▸ **Activity**: Copy out each entry precisely; no image belongs in the result.

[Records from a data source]
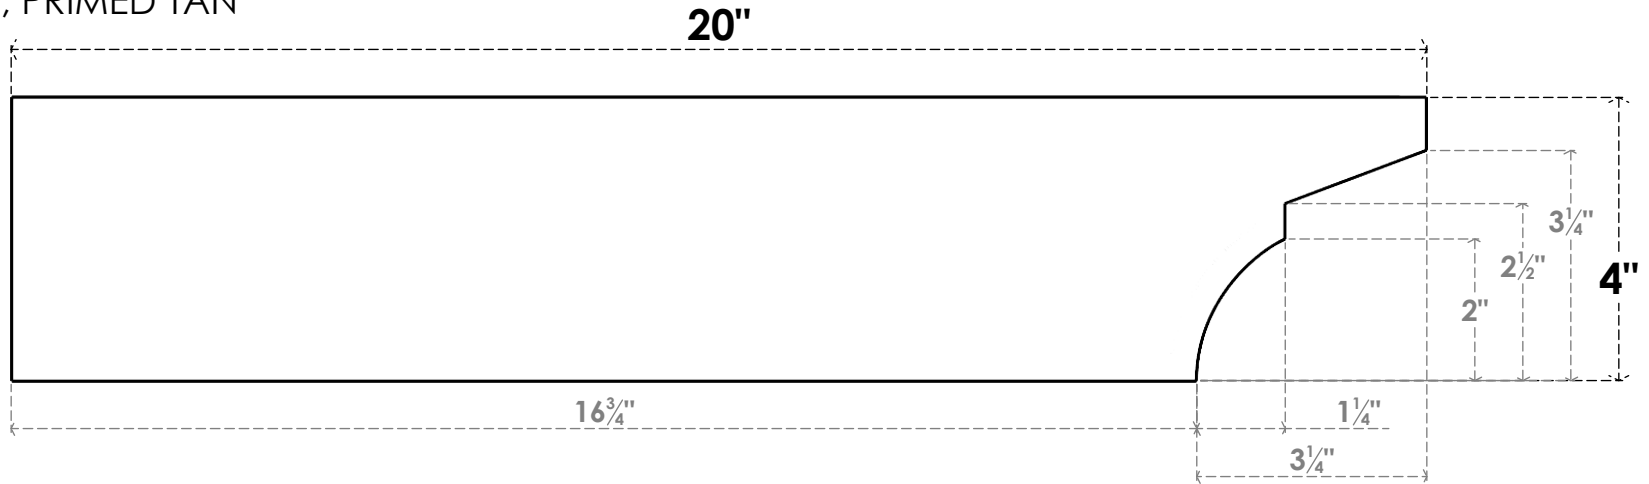

ITEM NUMBER: RFTURO060X04000X20000X004MON00RCPR

6"W X 4"H X 20"L TIMBERTHANE ROUGH CEDAR MONTEREY FAUX WOOD OPEN RAFTER TAIL, 4"L END, PRIMED TAN

SIDE PROFILE

FRONT PROFILE

ISOMETRIC

GENERATED DATE : 03/02/2023

▸ **Output for this task**:
ITEM NUMBER: RFTURO060X04000X20000X004MON00RCPR

6"W X 4"H X 20"L TIMBERTHANE ROUGH CEDAR MONTEREY FAUX WOOD OPEN RAFTER TAIL, 4"L END, PRIMED TAN

SIDE PROFILE

FRONT PROFILE

ISOMETRIC

GENERATED DATE : 03/02/2023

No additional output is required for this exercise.